> **Work required**: Please return every line in the following data that includes the string "painted".

Records from a data source:
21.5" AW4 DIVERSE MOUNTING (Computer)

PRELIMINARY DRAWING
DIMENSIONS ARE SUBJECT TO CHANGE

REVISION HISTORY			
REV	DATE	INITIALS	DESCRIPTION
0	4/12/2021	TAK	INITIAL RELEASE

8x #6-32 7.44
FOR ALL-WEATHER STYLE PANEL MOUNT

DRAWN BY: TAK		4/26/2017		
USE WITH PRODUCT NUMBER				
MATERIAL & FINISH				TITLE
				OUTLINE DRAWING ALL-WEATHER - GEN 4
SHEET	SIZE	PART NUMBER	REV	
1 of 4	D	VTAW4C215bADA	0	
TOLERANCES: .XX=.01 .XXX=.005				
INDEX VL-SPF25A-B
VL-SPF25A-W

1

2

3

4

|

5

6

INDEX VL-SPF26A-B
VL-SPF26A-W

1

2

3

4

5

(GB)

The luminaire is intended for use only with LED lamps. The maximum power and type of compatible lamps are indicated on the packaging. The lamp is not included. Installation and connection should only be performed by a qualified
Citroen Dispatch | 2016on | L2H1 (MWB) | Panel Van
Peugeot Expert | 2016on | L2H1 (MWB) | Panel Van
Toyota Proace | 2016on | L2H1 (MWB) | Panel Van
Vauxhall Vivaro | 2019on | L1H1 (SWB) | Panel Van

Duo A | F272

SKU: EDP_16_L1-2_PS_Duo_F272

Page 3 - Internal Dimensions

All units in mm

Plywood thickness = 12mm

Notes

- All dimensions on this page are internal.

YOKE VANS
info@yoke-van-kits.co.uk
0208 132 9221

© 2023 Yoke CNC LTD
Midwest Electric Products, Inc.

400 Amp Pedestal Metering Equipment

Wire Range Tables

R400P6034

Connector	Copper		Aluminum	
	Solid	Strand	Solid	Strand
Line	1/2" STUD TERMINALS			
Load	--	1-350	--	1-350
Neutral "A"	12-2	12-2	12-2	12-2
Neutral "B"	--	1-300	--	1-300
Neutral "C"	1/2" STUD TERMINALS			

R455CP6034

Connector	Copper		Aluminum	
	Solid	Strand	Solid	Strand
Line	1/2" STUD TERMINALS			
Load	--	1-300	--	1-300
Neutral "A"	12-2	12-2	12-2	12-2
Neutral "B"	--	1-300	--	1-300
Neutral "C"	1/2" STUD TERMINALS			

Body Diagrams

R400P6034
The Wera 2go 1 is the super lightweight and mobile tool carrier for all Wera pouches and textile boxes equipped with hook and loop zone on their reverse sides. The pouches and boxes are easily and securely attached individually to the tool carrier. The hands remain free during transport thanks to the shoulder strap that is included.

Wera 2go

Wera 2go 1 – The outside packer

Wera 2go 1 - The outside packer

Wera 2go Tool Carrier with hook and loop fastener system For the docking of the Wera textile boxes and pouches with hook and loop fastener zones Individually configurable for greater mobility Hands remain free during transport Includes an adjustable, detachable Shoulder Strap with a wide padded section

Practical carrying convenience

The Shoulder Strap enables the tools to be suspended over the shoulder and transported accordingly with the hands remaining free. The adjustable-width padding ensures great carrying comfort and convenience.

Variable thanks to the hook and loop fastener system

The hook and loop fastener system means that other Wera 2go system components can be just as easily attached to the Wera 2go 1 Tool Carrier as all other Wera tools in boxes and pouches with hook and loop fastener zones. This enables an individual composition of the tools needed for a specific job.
---
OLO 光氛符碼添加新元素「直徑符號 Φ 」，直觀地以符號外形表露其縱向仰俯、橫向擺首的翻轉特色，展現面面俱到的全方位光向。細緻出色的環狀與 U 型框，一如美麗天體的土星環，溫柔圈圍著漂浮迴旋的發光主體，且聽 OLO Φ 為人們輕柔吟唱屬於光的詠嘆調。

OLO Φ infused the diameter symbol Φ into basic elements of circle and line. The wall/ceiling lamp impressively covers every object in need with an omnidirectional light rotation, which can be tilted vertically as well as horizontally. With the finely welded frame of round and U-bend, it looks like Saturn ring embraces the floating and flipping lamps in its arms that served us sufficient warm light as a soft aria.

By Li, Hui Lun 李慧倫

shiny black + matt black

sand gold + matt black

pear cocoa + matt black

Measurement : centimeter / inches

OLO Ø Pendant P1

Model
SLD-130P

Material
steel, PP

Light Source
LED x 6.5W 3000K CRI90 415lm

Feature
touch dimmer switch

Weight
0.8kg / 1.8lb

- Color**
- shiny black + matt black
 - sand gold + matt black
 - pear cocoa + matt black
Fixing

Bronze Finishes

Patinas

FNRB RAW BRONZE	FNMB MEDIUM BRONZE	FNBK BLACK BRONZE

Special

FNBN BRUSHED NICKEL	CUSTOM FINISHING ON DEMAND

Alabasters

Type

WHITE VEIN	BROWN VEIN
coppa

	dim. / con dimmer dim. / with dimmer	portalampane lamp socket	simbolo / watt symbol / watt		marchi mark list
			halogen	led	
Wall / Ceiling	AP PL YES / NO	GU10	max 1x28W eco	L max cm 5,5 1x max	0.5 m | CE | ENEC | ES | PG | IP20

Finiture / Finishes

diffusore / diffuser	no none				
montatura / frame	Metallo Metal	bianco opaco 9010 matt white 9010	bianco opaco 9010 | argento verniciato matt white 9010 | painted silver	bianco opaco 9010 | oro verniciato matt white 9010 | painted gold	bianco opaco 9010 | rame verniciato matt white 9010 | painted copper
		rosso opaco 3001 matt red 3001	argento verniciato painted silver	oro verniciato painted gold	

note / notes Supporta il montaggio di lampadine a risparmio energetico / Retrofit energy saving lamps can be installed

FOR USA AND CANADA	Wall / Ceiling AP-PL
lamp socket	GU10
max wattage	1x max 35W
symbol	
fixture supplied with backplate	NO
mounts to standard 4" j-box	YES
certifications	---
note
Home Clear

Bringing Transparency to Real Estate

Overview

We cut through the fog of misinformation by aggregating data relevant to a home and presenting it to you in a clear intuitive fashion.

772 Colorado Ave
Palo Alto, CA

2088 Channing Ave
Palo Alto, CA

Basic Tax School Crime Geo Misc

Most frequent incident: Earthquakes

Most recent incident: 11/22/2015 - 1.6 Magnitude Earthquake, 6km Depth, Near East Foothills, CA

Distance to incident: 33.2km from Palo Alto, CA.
--
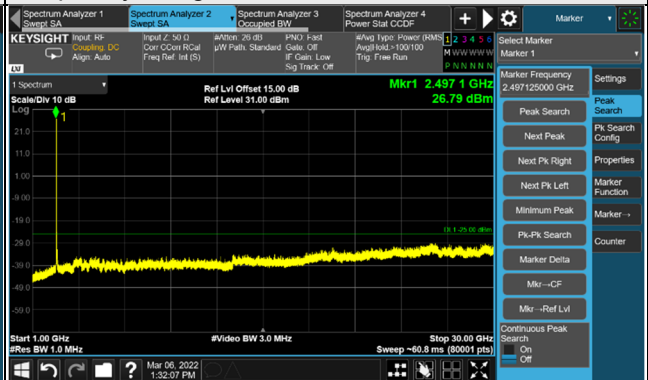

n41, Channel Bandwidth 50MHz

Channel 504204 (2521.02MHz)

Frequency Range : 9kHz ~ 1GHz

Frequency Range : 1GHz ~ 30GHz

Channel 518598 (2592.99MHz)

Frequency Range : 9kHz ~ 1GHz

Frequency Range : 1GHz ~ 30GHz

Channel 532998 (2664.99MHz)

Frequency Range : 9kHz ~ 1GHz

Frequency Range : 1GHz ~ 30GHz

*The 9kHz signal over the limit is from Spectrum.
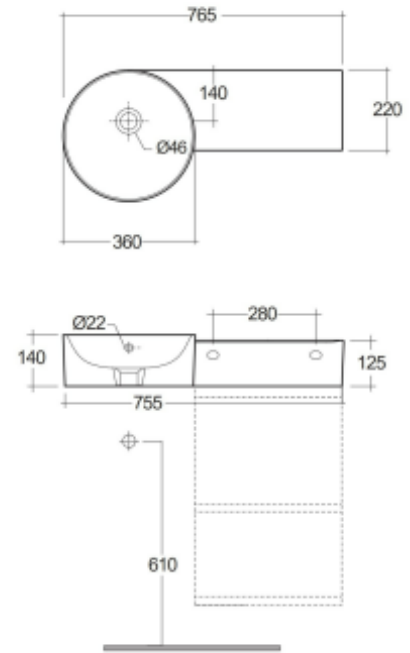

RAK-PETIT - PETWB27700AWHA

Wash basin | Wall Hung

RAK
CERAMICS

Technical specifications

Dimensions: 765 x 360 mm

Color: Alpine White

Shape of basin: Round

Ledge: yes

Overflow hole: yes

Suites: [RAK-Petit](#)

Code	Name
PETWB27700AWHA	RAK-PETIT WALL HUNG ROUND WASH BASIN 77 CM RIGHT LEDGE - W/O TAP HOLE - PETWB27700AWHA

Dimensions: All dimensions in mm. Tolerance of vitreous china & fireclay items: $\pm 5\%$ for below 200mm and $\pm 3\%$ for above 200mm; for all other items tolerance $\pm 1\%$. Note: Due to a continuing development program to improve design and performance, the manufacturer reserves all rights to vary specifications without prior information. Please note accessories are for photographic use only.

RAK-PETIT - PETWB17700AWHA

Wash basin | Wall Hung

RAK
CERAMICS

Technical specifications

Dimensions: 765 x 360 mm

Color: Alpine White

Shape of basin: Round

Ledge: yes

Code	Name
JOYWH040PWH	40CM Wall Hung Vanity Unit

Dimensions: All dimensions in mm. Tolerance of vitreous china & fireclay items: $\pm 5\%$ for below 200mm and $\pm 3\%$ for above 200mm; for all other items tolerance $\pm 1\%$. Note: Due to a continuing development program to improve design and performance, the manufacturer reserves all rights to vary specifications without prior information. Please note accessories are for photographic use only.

> **Answer**:
montatura / frame	Metallo Metal	bianco opaco 9010 matt white 9010	bianco opaco 9010 | argento verniciato matt white 9010 | painted silver	bianco opaco 9010 | oro verniciato matt white 9010 | painted gold	bianco opaco 9010 | rame verniciato matt white 9010 | painted copper
		rosso opaco 3001 matt red 3001	argento verniciato painted silver	oro verniciato painted gold	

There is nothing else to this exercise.